▶ [Problem]:
Skip all pictures. Write out the data below from its first line through the line that contains "தந்தையின் பெயர்: பொன்னுத்தேவர்".
(Supplied records)
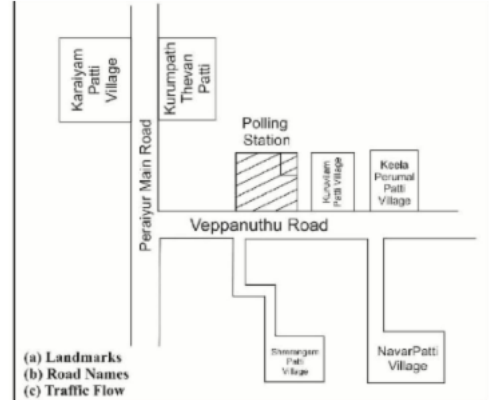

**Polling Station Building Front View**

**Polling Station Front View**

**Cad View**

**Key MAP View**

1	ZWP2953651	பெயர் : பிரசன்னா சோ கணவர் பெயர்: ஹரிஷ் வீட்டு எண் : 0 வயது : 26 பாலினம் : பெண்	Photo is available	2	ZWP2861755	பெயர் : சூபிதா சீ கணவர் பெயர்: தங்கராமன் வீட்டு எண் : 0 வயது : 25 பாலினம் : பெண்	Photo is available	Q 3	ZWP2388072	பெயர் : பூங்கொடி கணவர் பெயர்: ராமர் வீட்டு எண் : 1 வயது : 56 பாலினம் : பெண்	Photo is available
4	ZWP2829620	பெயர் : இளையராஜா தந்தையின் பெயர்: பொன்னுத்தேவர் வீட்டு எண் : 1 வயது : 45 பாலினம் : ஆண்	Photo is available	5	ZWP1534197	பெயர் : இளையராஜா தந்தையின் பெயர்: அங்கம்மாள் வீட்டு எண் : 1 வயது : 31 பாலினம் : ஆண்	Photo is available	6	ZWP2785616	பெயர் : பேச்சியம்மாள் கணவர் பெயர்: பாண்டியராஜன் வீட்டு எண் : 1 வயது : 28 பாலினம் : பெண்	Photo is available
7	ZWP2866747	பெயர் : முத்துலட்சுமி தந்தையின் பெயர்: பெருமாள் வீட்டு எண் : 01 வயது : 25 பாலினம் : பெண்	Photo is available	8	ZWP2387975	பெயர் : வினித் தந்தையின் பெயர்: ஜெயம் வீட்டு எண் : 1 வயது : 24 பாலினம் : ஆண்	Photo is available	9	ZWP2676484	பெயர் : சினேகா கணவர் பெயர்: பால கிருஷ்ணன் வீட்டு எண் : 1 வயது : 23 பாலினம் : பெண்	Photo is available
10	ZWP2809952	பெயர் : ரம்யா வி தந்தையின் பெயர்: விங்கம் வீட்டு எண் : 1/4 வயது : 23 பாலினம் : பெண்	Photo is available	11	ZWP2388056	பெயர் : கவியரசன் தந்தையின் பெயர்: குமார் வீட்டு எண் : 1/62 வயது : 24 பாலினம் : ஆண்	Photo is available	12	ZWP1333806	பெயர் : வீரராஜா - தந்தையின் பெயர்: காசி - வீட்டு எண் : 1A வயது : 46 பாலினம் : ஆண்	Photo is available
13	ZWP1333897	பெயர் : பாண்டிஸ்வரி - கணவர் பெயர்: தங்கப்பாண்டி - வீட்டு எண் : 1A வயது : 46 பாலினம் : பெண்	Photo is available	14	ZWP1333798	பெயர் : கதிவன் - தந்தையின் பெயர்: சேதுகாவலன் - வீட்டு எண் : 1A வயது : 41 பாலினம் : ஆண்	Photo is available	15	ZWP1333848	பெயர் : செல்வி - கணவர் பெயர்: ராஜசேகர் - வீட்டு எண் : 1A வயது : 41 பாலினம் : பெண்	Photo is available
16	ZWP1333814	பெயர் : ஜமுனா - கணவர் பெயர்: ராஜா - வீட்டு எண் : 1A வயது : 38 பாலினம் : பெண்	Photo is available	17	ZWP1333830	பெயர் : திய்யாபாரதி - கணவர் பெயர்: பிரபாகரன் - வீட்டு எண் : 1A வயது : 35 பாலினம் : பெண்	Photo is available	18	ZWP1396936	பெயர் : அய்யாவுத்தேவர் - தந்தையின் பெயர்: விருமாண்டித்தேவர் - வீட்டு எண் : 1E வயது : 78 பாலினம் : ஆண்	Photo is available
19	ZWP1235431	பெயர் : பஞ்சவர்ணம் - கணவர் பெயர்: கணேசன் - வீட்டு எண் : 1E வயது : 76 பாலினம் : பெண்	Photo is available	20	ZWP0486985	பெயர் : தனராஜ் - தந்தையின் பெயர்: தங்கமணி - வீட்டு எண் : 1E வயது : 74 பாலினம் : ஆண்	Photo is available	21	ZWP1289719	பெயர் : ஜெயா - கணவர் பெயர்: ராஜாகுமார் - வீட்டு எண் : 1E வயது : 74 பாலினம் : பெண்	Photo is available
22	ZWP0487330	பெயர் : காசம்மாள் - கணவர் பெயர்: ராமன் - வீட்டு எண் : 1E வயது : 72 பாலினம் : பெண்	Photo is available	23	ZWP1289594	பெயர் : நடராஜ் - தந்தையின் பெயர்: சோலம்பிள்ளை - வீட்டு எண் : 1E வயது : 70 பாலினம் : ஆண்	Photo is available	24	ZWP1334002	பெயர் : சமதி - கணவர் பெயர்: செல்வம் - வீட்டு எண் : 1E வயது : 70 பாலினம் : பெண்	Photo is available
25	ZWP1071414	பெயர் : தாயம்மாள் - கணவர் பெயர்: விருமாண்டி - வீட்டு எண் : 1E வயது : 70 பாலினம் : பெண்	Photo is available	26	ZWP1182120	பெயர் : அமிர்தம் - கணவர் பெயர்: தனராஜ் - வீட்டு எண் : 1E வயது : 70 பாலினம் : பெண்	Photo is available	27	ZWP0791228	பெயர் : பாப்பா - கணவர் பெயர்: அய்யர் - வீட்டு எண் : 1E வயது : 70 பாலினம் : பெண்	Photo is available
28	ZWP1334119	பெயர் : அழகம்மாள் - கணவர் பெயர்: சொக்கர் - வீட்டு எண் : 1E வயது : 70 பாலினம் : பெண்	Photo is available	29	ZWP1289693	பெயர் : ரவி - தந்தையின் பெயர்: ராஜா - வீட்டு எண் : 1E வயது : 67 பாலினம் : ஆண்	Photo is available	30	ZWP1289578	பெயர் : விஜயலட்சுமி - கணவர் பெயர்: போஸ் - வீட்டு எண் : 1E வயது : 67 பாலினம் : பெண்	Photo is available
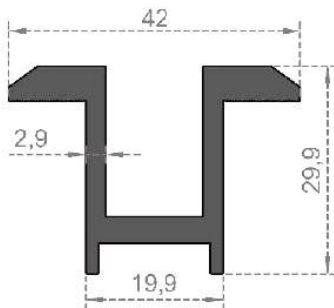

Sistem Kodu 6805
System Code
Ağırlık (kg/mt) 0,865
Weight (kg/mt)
(End Supplied records)
▶ [Result of this task]:
**Polling Station Building Front View**

**Polling Station Front View**

**Cad View**

**Key MAP View**

1	ZWP2953651	பெயர் : பிரசன்னா சோ கணவர் பெயர்: ஹரிஷ் வீட்டு எண் : 0 வயது : 26 பாலினம் : பெண்	Photo is available	2	ZWP2861755	பெயர் : சூபிதா சீ கணவர் பெயர்: தங்கராமன் வீட்டு எண் : 0 வயது : 25 பாலினம் : பெண்	Photo is available	Q 3	ZWP2388072	பெயர் : பூங்கொடி கணவர் பெயர்: ராமர் வீட்டு எண் : 1 வயது : 56 பாலினம் : பெண்	Photo is available
4	ZWP2829620	பெயர் : இளையராஜா தந்தையின் பெயர்: பொன்னுத்தேவர் வீட்டு எண் : 1 வயது : 45 பாலினம் : ஆண்	Photo is available	5	ZWP1534197	பெயர் : இளையராஜா தந்தையின் பெயர்: அங்கம்மாள் வீட்டு எண் : 1 வயது : 31 பாலினம் : ஆண்	Photo is available	6	ZWP2785616	பெயர் : பேச்சியம்மாள் கணவர் பெயர்: பாண்டியராஜன் வீட்டு எண் : 1 வயது : 28 பாலினம் : பெண்	Photo is available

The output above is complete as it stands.